YOUR ASSIGNMENT> Retype every line from the top of the entries down to the one with "Карта-схема территории № 729", both included, and skip the pictures.
*** STORED DATA ***
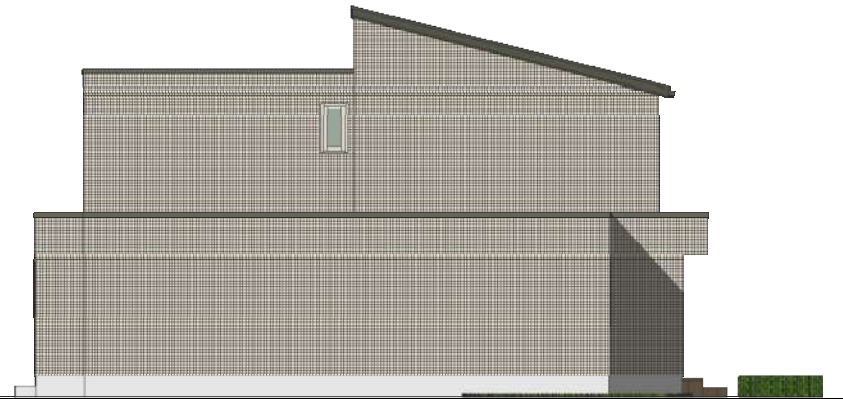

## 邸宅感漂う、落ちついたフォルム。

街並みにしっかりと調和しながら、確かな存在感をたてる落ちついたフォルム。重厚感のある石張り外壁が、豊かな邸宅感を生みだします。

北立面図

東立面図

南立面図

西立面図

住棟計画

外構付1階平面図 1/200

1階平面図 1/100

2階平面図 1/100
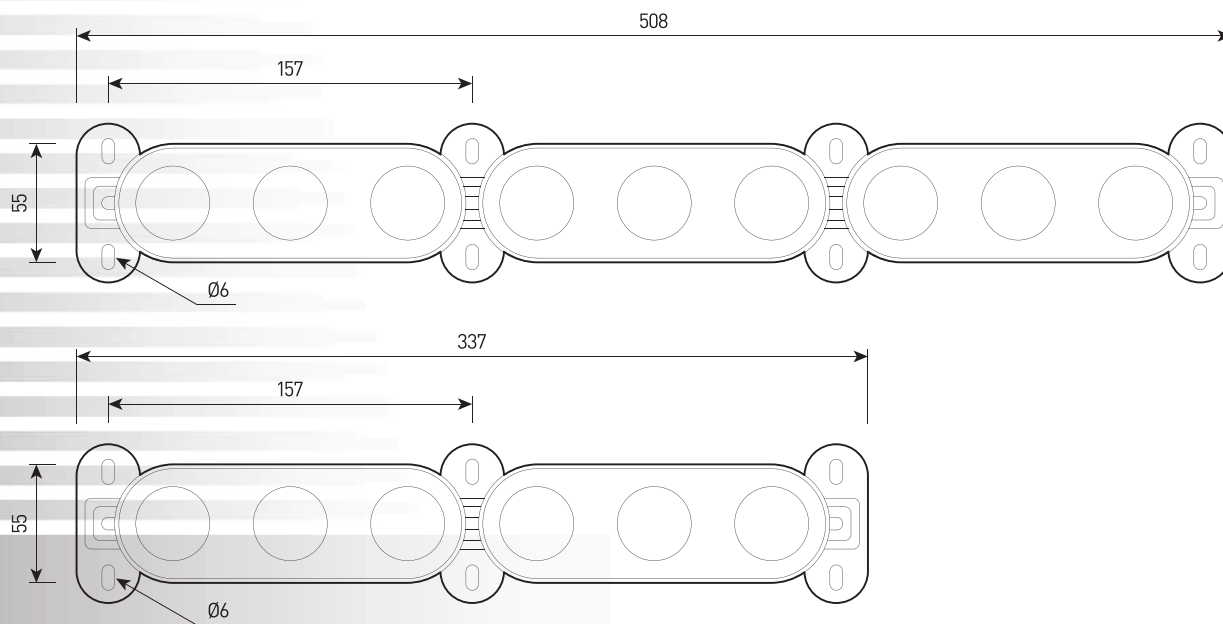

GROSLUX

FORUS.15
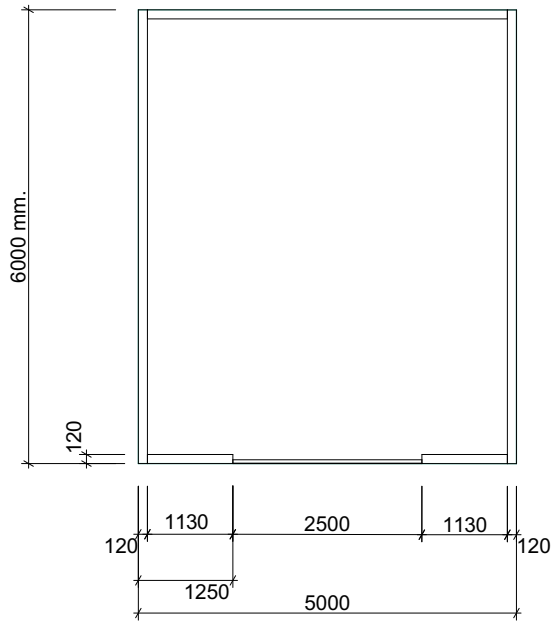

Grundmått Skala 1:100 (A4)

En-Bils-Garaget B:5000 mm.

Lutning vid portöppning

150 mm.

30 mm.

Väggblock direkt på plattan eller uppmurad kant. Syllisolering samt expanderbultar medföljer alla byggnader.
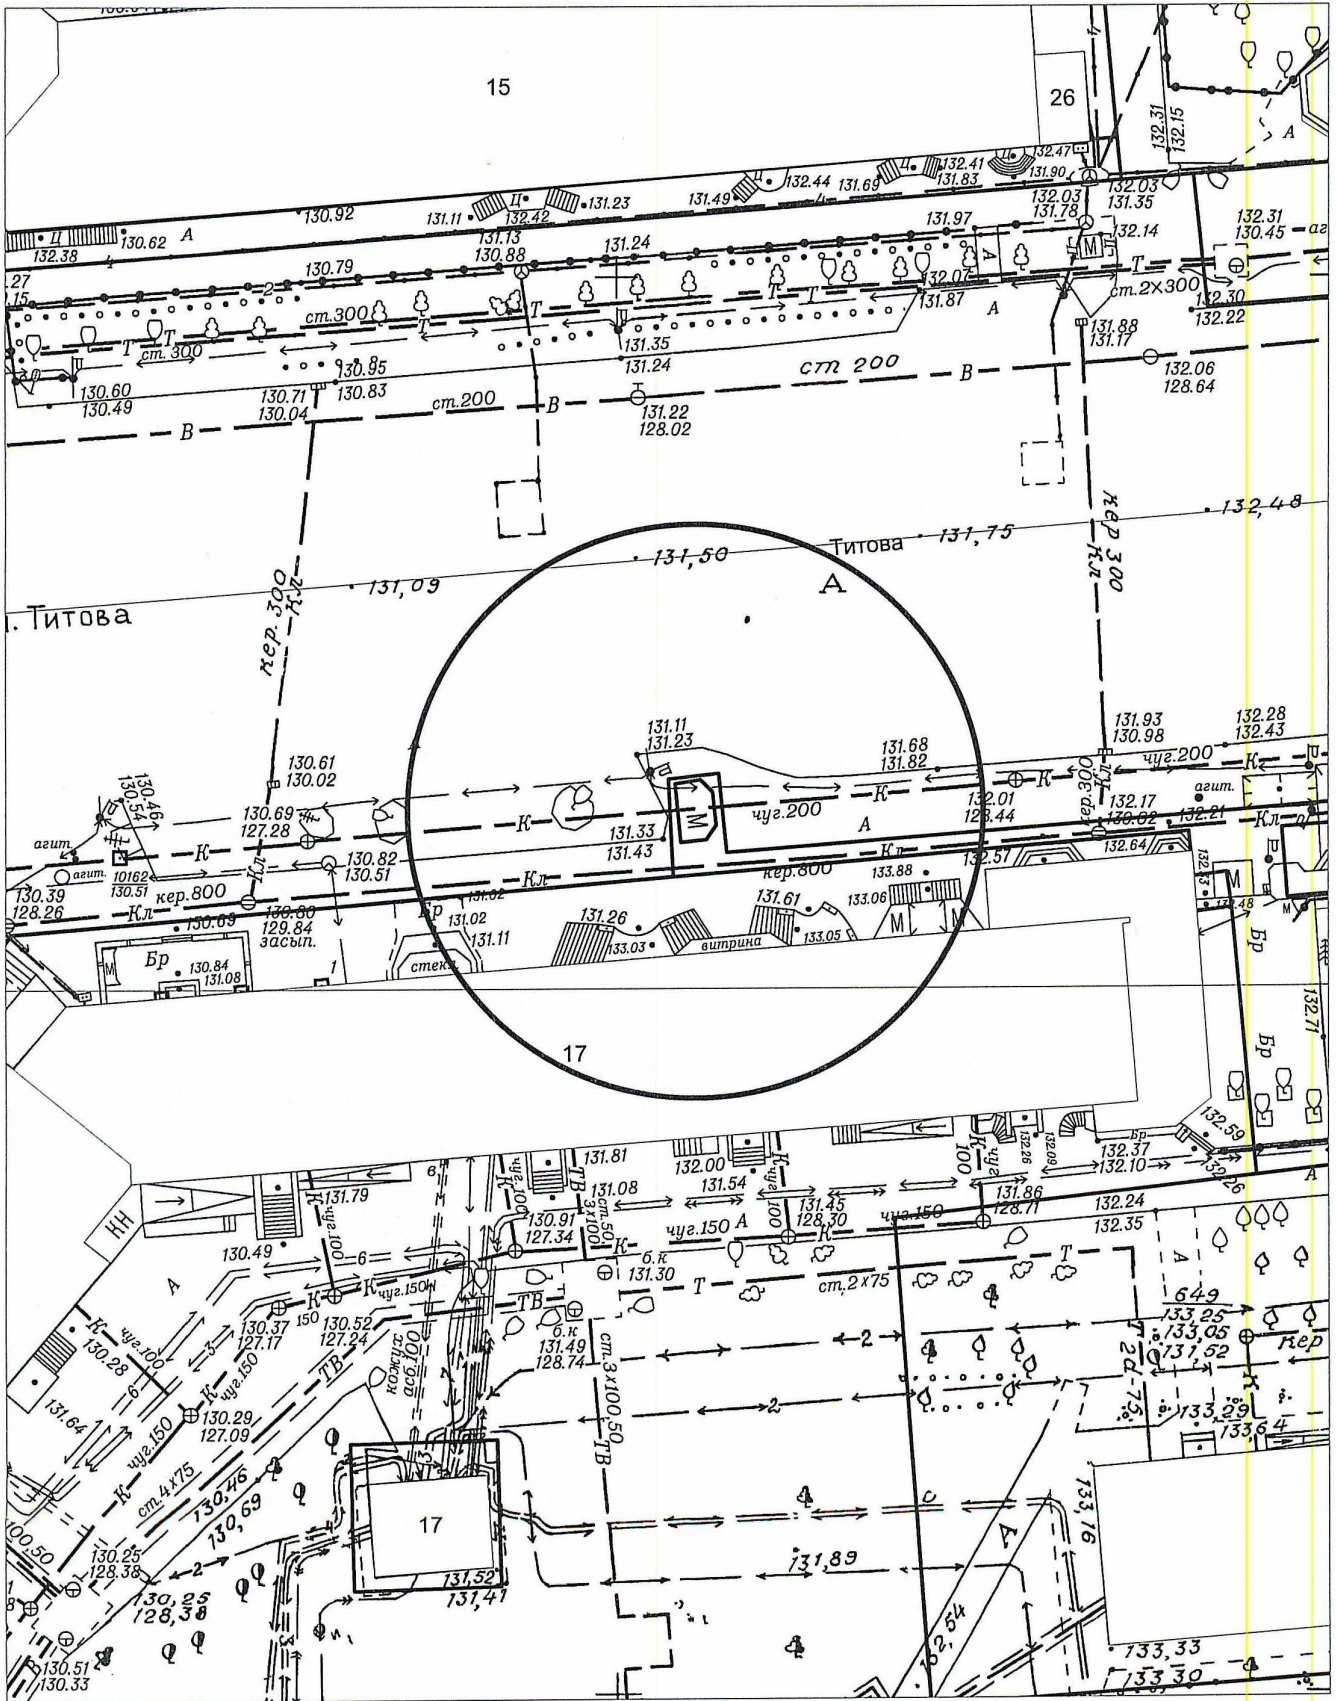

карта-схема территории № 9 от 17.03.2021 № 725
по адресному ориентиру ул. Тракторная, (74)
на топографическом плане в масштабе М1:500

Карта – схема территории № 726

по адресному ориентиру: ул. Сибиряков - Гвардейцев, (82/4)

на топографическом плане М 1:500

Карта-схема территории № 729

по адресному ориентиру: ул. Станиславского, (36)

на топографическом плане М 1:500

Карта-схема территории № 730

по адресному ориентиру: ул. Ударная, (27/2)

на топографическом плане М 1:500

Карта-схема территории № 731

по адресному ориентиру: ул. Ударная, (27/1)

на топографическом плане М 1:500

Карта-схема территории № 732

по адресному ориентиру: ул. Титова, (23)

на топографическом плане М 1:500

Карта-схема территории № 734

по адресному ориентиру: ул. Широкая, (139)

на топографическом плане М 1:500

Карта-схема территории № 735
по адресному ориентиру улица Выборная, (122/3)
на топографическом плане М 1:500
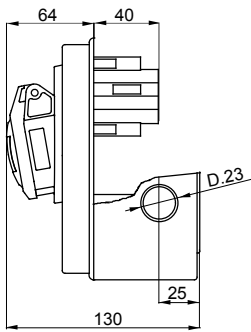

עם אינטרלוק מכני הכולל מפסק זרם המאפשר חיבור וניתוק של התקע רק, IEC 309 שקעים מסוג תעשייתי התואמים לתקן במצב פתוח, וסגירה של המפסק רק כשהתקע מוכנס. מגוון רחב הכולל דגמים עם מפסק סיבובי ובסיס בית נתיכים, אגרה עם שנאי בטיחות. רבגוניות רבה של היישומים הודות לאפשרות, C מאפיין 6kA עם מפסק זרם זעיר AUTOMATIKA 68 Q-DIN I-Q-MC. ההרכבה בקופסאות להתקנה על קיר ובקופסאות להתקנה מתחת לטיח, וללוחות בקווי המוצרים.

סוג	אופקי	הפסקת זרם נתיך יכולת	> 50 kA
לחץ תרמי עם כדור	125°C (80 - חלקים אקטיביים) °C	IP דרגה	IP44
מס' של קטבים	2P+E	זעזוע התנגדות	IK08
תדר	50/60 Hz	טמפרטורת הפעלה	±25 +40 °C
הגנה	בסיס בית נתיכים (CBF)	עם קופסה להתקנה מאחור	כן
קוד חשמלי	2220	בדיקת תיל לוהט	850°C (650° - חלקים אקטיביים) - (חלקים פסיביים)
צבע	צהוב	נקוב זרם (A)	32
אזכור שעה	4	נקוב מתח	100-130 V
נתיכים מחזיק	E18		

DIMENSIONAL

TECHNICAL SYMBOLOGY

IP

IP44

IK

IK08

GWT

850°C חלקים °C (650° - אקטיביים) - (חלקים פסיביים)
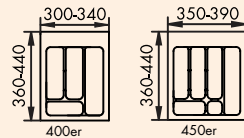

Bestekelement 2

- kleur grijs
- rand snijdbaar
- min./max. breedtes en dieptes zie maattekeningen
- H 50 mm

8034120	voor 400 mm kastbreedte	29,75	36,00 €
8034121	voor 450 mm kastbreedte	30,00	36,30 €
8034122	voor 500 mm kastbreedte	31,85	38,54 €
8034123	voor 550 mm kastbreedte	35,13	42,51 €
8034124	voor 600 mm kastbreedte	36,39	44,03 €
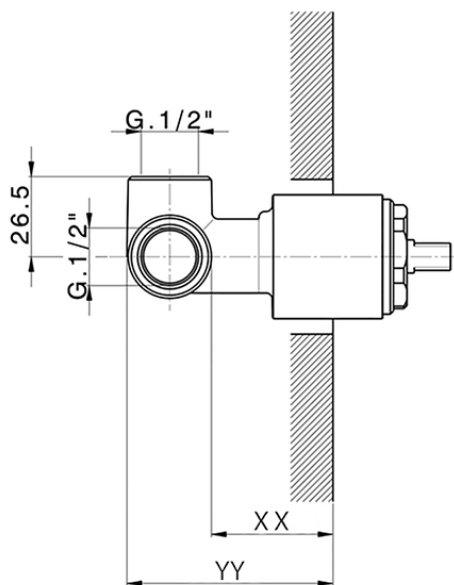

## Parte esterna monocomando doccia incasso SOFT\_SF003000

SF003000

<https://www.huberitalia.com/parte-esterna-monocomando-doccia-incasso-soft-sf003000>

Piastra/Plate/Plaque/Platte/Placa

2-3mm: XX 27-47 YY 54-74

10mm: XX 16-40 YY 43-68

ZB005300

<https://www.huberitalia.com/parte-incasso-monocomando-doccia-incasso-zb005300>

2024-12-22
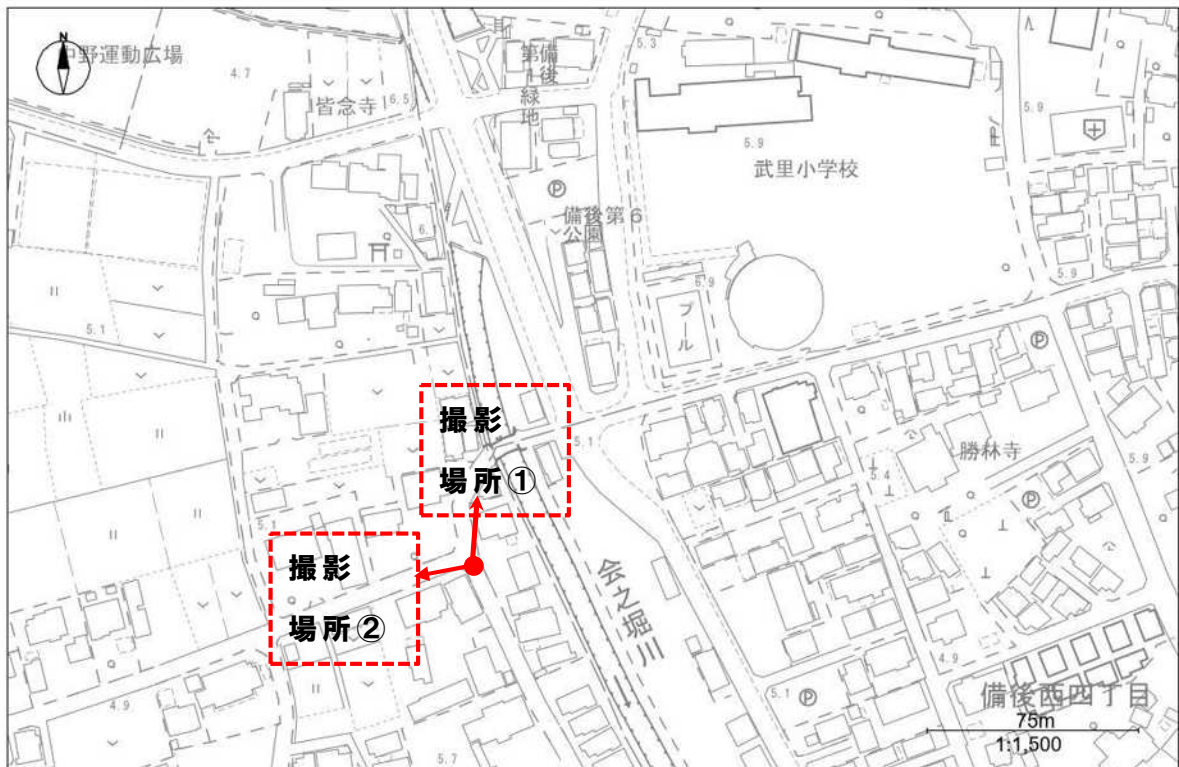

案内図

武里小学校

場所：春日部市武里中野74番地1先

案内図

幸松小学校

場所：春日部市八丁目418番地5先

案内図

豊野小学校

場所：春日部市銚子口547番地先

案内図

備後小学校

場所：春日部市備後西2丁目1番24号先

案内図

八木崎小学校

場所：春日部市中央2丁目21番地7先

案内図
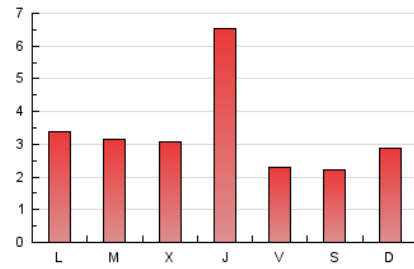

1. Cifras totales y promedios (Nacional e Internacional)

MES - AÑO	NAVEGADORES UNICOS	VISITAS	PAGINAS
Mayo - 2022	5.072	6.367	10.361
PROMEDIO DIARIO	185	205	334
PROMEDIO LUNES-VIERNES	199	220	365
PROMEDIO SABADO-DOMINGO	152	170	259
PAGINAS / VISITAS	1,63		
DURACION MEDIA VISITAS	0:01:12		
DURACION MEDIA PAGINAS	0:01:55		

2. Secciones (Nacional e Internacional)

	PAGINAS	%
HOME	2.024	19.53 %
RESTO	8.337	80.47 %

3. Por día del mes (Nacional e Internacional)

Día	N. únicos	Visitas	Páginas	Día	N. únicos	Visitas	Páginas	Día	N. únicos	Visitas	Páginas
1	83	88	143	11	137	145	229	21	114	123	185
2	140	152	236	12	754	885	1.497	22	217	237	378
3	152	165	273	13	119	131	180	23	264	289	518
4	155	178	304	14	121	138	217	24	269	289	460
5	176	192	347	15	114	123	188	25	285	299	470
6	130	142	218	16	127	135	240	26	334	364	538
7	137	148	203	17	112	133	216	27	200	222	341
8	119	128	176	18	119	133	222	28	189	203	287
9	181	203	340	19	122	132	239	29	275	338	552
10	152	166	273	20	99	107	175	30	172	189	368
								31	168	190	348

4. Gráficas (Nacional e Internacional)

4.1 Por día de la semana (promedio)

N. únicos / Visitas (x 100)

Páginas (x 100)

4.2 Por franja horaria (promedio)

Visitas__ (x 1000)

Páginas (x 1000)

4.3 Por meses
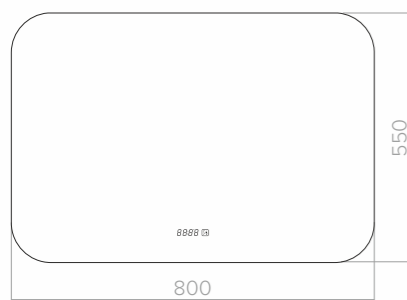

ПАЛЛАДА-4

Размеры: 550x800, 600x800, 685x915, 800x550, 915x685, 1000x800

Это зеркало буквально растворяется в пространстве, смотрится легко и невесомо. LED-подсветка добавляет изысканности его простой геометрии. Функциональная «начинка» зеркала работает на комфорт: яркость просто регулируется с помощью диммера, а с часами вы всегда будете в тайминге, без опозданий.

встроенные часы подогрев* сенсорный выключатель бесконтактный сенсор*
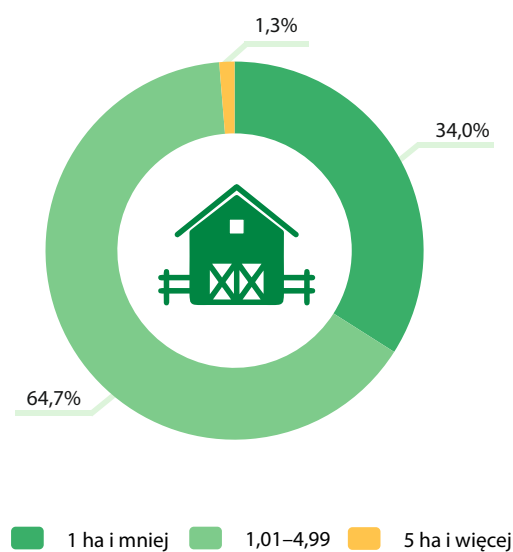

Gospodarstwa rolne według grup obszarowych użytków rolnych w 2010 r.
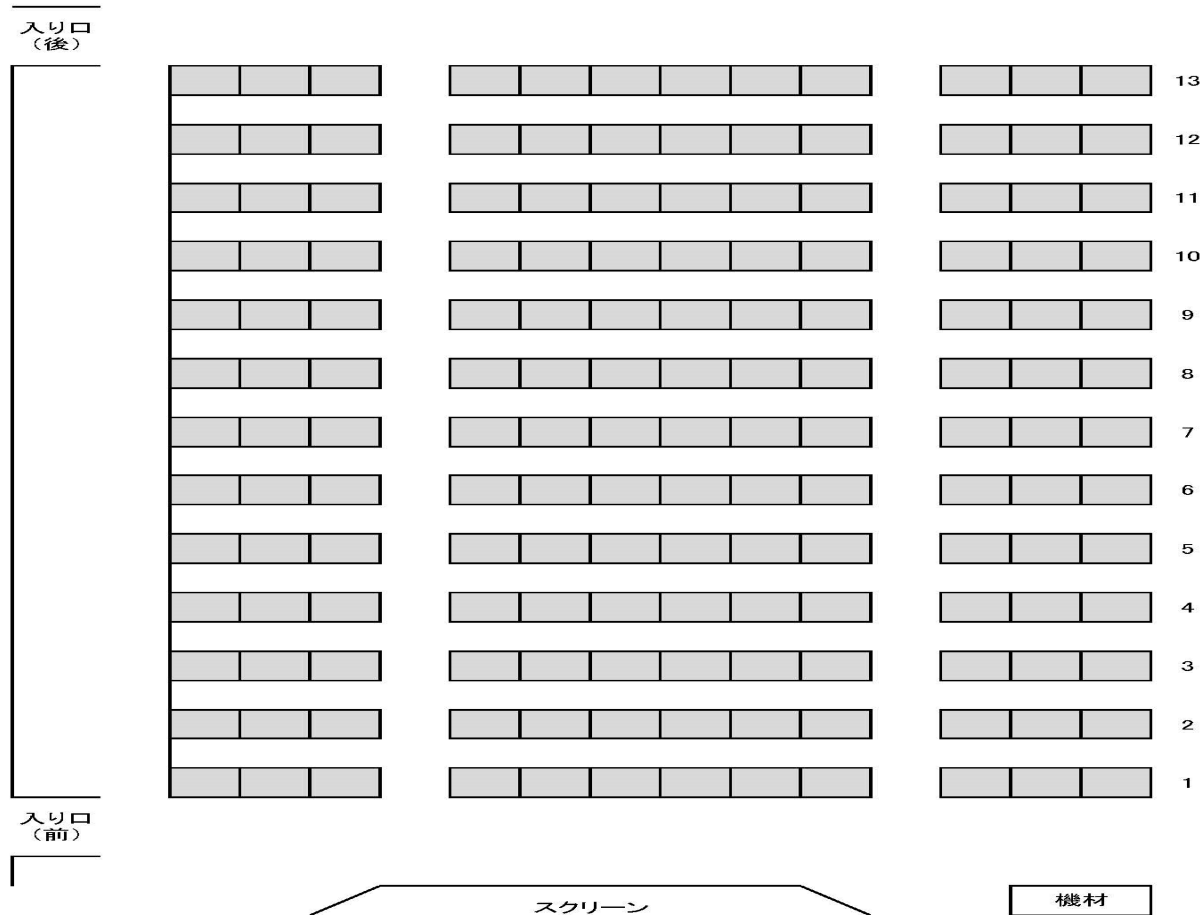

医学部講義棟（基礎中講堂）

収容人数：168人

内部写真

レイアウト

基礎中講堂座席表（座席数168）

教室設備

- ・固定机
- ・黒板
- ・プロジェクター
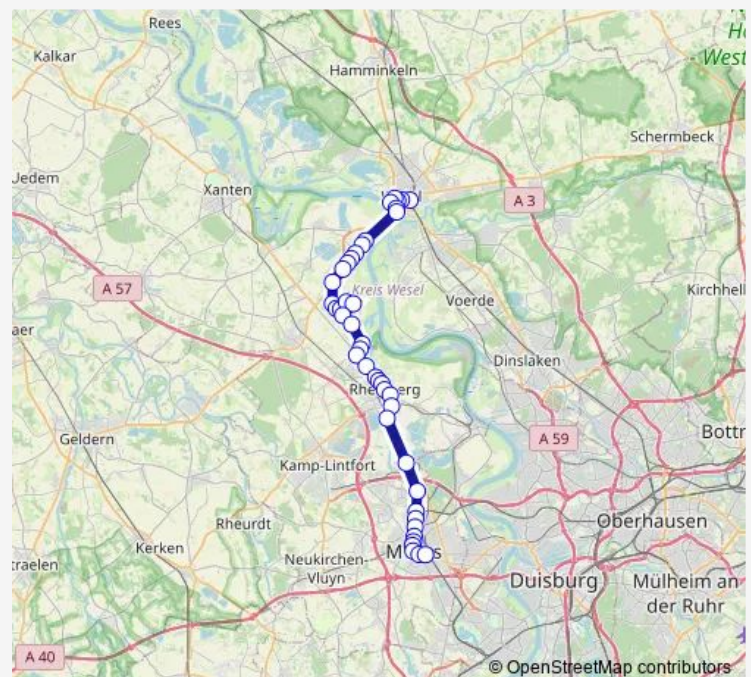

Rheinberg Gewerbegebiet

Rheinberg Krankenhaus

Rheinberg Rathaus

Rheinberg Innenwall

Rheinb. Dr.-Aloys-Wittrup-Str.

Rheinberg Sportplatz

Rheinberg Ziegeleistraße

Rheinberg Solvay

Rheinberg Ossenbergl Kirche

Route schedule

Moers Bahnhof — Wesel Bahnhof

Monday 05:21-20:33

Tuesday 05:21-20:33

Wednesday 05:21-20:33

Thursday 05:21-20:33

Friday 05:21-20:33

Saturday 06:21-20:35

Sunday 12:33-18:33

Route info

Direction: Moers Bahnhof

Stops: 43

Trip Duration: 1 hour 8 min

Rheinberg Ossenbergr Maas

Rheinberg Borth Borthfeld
*** End of STORED DATA ***
OUTPUT OF THE EXERCISE>
## 邸宅感漂う、落ちついたフォルム。

街並みにしっかりと調和しながら、確かな存在感をたてる落ちついたフォルム。重厚感のある石張り外壁が、豊かな邸宅感を生みだします。

北立面図

東立面図

南立面図

西立面図

住棟計画

外構付1階平面図 1/200

1階平面図 1/100

2階平面図 1/100

GROSLUX

FORUS.15

Grundmått Skala 1:100 (A4)

En-Bils-Garaget B:5000 mm.

Lutning vid portöppning

150 mm.

30 mm.

Väggblock direkt på plattan eller uppmurad kant. Syllisolering samt expanderbultar medföljer alla byggnader.

карта-схема территории № 9 от 17.03.2021 № 725
по адресному ориентиру ул. Тракторная, (74)
на топографическом плане в масштабе М1:500

Карта – схема территории № 726

по адресному ориентиру: ул. Сибиряков - Гвардейцев, (82/4)

на топографическом плане М 1:500

Карта-схема территории № 729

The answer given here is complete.